[Stored items]
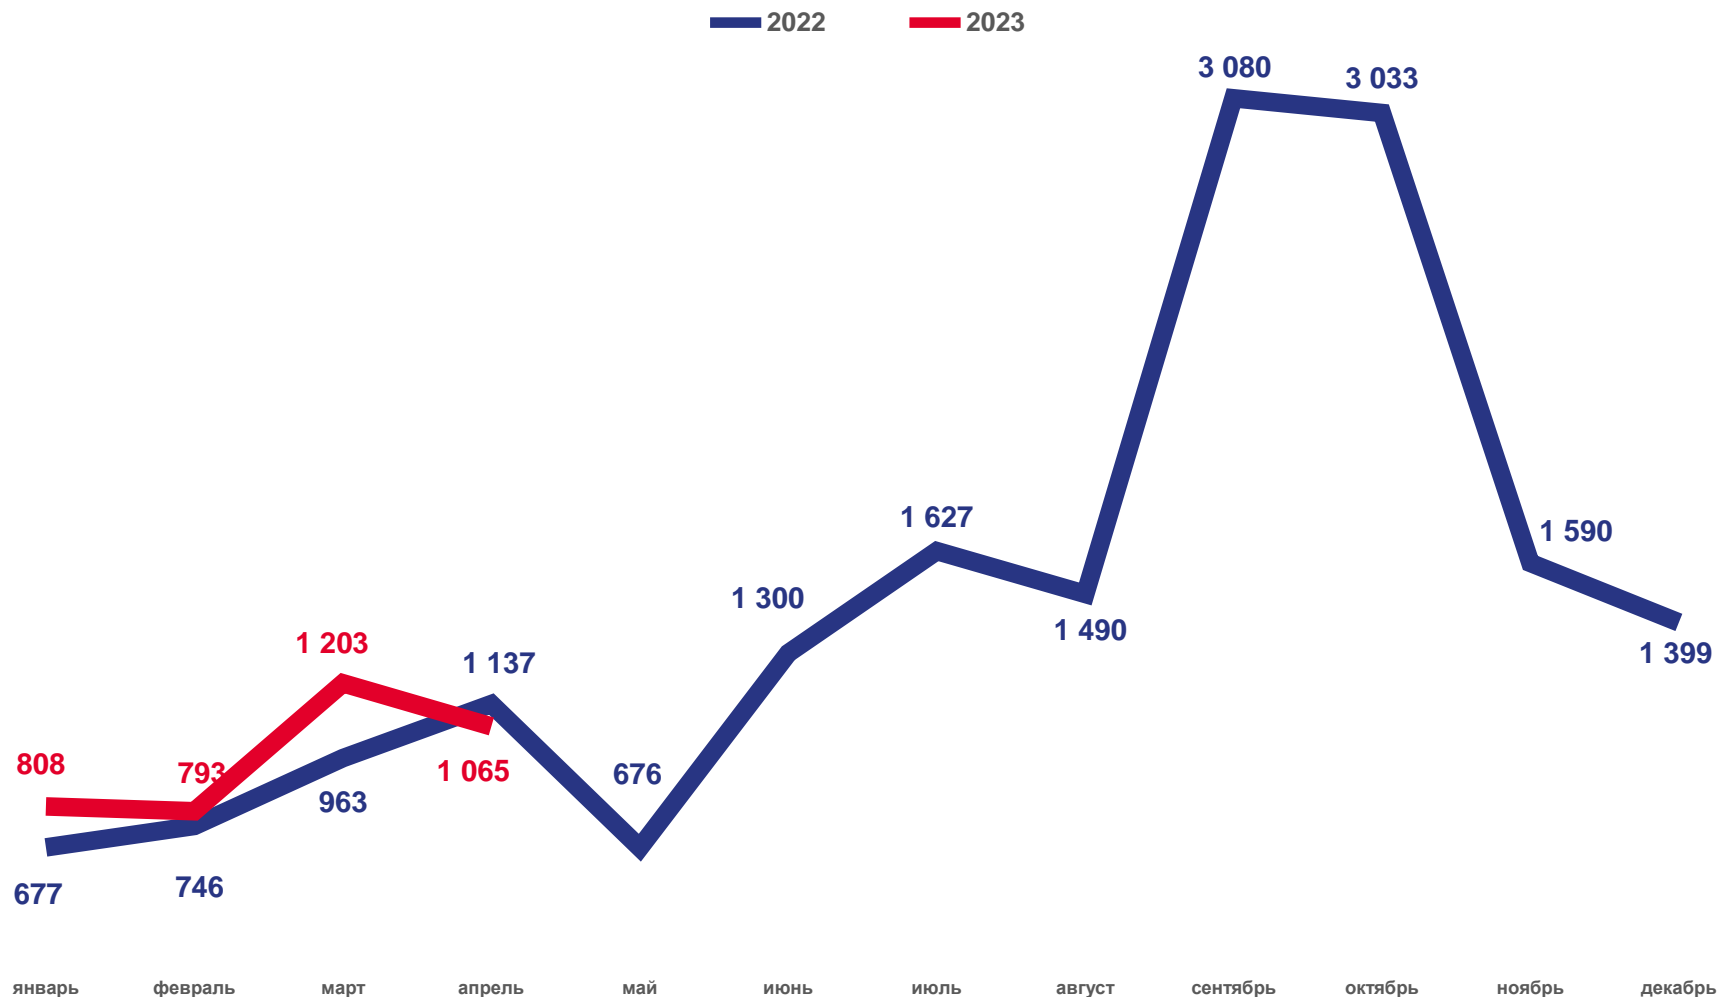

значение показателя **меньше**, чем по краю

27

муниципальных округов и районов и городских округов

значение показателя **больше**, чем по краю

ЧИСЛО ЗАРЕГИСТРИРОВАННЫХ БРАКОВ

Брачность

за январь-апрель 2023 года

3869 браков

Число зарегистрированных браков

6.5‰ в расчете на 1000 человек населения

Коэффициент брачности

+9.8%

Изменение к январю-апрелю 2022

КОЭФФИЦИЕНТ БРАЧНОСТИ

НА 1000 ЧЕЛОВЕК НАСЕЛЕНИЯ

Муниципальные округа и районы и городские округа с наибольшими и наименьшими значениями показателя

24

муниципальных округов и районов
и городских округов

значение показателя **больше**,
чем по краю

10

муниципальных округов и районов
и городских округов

WHAT TO PRODUCE: Filter the entries above down to the lines containing the word "больше".

FINISHED TASK:
значение показателя **больше**, чем по краю
значение показателя **больше**,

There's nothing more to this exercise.